> _WORK ITEM_
Each line of the records that includes "Material" should be found and copied.

> _PROVIDED INFORMATION_
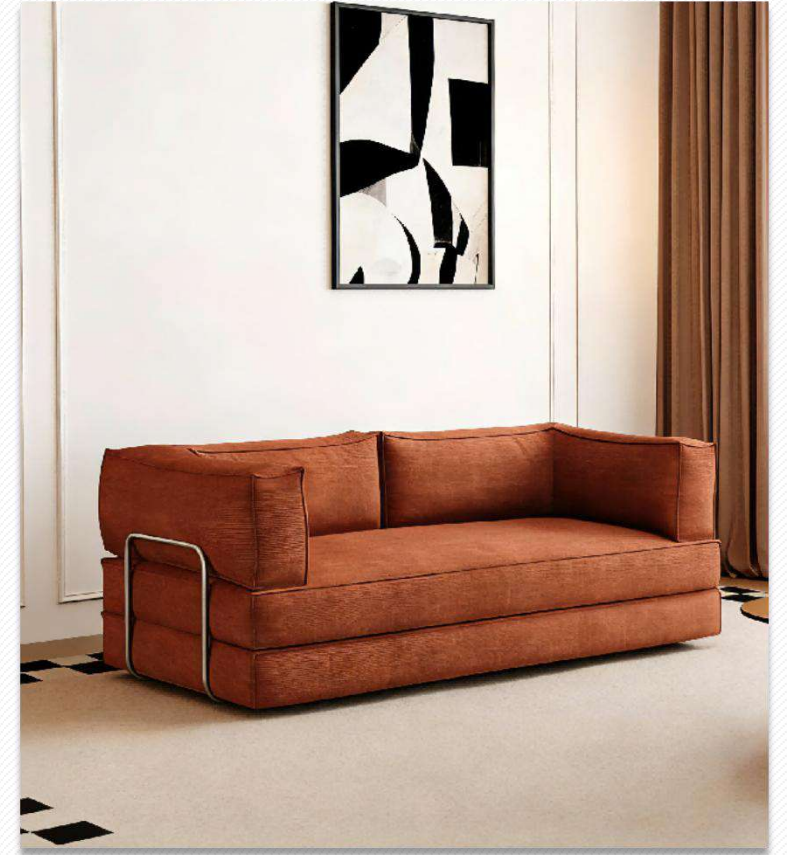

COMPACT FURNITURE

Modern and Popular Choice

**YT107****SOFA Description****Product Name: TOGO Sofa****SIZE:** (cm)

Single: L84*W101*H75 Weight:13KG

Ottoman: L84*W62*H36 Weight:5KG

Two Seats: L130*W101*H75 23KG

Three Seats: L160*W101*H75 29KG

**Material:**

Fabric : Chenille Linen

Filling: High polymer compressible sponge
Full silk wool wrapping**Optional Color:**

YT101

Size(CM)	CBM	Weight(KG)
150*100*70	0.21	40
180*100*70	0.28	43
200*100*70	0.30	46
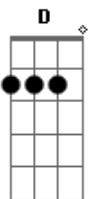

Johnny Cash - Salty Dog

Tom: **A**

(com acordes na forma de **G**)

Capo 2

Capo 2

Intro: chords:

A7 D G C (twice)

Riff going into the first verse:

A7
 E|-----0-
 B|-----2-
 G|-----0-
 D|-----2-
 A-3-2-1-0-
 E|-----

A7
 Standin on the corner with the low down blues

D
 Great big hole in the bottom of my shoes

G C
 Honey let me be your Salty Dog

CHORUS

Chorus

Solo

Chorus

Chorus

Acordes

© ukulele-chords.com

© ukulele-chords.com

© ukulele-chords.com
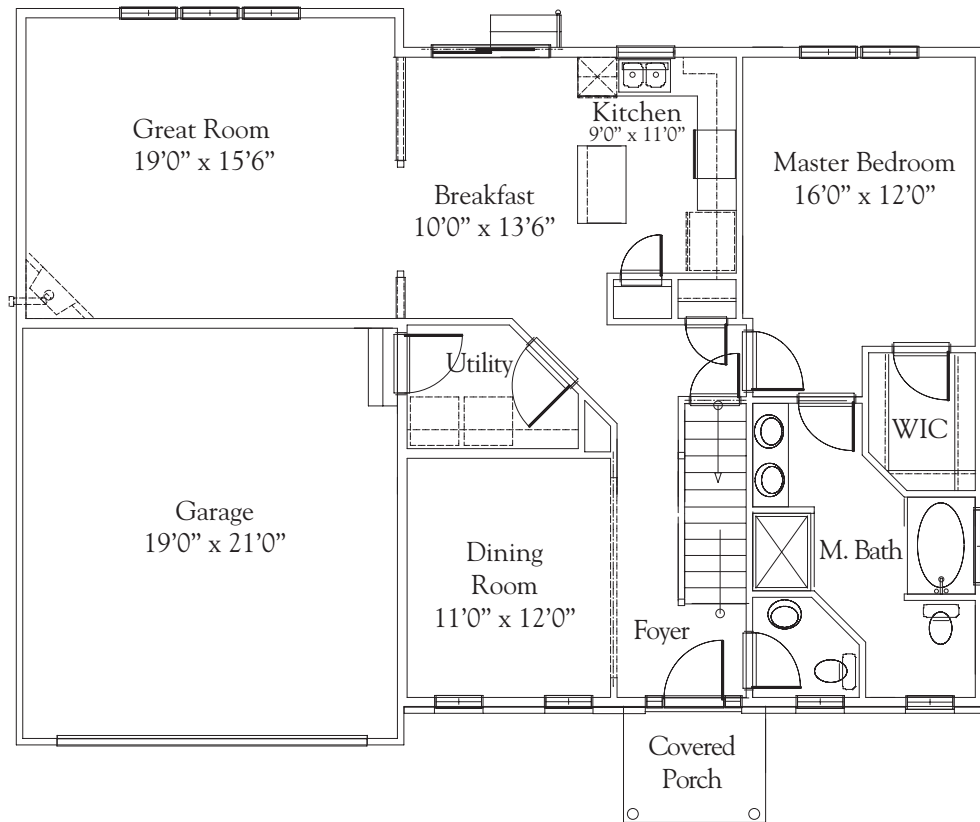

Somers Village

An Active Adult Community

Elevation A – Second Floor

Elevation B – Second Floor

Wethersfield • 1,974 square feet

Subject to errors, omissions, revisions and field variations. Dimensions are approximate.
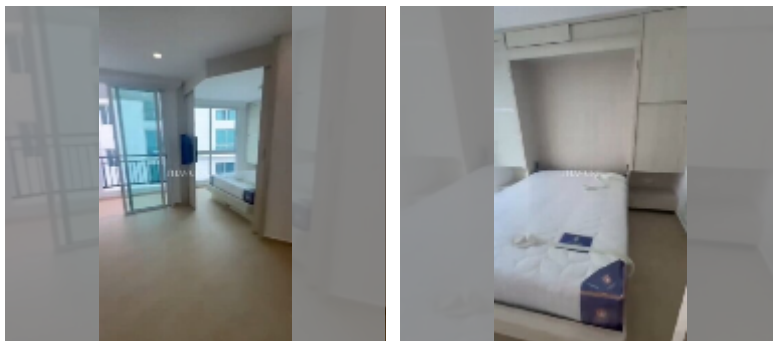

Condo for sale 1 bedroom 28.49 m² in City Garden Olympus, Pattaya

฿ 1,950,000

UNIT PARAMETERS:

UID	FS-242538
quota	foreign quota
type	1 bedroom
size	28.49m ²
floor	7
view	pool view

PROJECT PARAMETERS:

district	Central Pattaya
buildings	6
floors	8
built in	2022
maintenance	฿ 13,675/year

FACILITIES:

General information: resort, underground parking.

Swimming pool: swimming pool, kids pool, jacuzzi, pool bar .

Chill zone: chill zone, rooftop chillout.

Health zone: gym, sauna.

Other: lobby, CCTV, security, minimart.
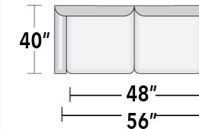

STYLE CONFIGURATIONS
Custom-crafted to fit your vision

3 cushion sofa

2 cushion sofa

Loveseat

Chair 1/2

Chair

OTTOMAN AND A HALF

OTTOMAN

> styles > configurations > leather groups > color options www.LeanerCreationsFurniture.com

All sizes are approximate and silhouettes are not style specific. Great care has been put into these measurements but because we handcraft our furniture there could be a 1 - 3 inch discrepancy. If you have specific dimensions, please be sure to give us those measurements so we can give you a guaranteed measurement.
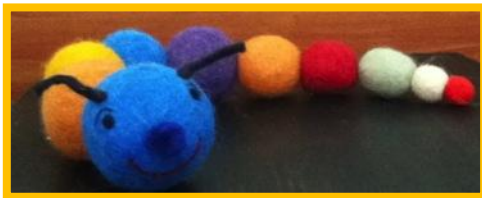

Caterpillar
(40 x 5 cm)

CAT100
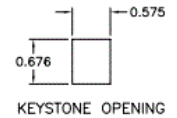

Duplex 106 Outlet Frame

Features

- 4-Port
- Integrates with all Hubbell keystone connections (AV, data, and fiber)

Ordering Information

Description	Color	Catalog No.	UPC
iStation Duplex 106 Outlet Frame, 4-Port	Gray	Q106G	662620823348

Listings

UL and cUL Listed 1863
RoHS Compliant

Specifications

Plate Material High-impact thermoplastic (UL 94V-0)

==

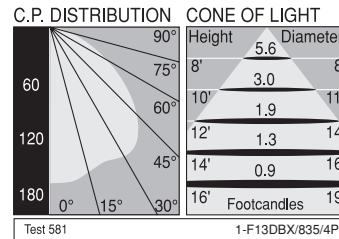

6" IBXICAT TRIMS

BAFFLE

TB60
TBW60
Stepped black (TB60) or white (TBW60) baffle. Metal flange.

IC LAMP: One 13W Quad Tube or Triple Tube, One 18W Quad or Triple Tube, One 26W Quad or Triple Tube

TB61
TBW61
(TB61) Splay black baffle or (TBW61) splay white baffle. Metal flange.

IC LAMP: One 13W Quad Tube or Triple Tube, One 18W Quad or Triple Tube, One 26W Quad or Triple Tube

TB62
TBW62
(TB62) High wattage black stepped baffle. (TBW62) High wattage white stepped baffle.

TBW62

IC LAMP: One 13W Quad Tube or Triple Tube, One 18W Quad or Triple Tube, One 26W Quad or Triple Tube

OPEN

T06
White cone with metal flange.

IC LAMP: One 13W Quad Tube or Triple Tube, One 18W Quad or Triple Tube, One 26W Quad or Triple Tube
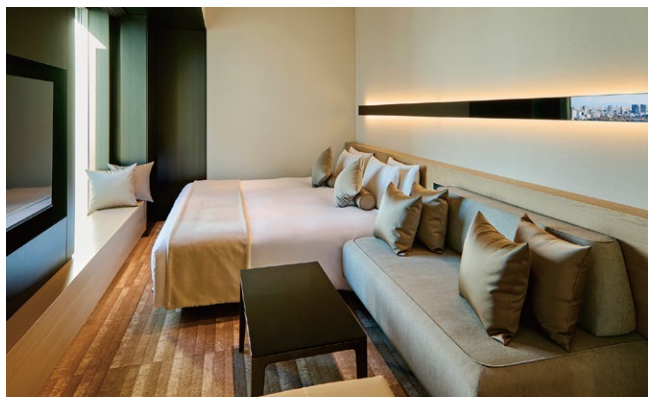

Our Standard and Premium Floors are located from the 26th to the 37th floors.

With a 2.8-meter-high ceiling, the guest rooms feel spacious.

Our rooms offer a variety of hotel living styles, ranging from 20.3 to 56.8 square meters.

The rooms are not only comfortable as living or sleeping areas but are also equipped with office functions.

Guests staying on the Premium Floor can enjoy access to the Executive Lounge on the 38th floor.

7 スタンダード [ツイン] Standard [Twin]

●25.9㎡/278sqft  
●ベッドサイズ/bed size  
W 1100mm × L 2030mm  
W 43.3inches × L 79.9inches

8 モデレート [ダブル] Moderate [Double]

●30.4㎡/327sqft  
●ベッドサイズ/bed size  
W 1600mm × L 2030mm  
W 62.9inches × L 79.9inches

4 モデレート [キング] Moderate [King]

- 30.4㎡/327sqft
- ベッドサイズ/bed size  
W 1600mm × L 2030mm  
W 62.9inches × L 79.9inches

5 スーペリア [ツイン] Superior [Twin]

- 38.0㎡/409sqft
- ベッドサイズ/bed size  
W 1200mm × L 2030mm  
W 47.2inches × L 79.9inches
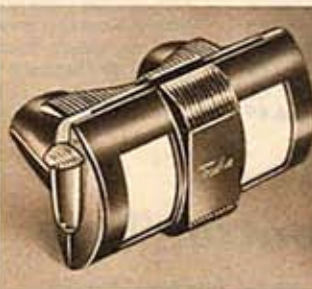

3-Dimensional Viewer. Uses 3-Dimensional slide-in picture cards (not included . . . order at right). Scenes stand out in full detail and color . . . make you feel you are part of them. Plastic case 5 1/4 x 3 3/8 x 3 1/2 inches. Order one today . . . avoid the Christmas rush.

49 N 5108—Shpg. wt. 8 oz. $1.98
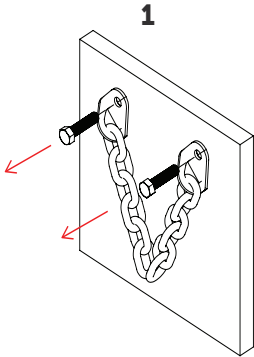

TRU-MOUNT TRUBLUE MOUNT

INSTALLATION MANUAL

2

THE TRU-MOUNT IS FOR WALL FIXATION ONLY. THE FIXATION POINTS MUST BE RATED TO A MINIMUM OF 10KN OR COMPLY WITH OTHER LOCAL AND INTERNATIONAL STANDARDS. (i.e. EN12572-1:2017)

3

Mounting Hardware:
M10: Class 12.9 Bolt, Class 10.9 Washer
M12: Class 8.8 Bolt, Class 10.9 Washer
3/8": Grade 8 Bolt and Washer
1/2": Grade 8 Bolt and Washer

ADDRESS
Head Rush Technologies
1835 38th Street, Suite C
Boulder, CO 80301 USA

> _RESPONSE FOR THIS EXERCISE_
**Material:**
Plate Material High-impact thermoplastic (UL 94V-0)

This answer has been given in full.